Everything is crispy and dry and it’s hard to really be in the moment and enjoy the top-down days in our little MINI, when we know that something is terribly wrong. How can these days of blue skies and convertibles feel wonderful and awful at the same time?
Fire fears are real; yesterday we awoke to smoke (from Washington state, we believe) so thick we had to close out the beautiful temperatures from our home. We can only hope that people obey the fervent requests not to have fireworks or bonfires on Halloween, which are a thing out here. Of course, there’s always someone. It’s human nature, I guess. Seize the day and all that. Halloween only comes once a year, I’m sure they would say. But how long does it take to rebuild your life if your neighbourhood burns to the ground? And here in BC we’ve seen plenty of that.
You know me; I like to keep things positive. But I pity the people who warn us, who must feel like Cassandra of Greek mythology. She was given the gift of being able to predict the future (including disasters) but was also cursed with never being believed. Or as we call her today: a scientist.
So what do we do? We don’t give up. It’s the same reason why Rob and I are going to get our bivalent vaccine today. It won’t completely protect us from the new immune-resistant variants that are coming our way, but it may ease the effects if we catch Covid a second time. And if we’re really lucky, we’ll get a flu shot today too. Collect the whole set!

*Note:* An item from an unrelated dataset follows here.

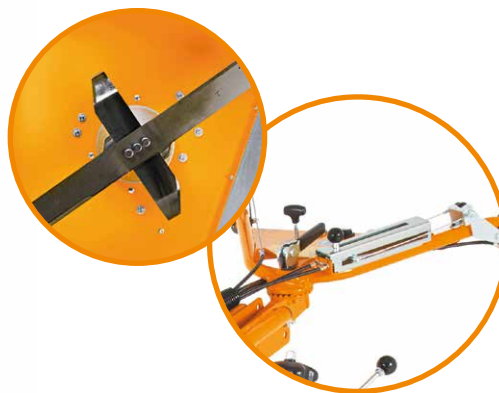

AS 73 4T B&S

AS MOTOR

73 cm	max. 150 cm	50 – 100 mm	B&S 4-stroke Series 3 INTEK, 344 ccm	7,6 kW (10,3 hp) 3.300 min ¹	9,7 kW (13,0 hp) 3.600 min ¹	2 WD 	→ 1,6 – 5,1 km/h < 2,4 km/h	3.700 m ² /h	135 kg

As in all things, we change what we can, we protect ourselves and our loved ones to the best of our ability, and we listen to warnings and to science, which focuses on facts, not opinions. Like the good scientists at NASA. I smiled at the recent success of the space agency shooting an asteroid out of its orbit, a dry run should one ever be on a course to destroy Earth. Why worry about a big ol’ rock coming our way when we’re doing such a good job of destroying Earth ourselves? Always worrying about outsiders taking their jobs!
Anyway, I hope this second half of October is good to you, whatever it brings. Me? I’m going to do my best to make the most of these warm and smoky days, remembering that we had a super soggy spring through June, and hope that perhaps Mother Nature is just making it up to us. Yes, that’s it – isn’t it?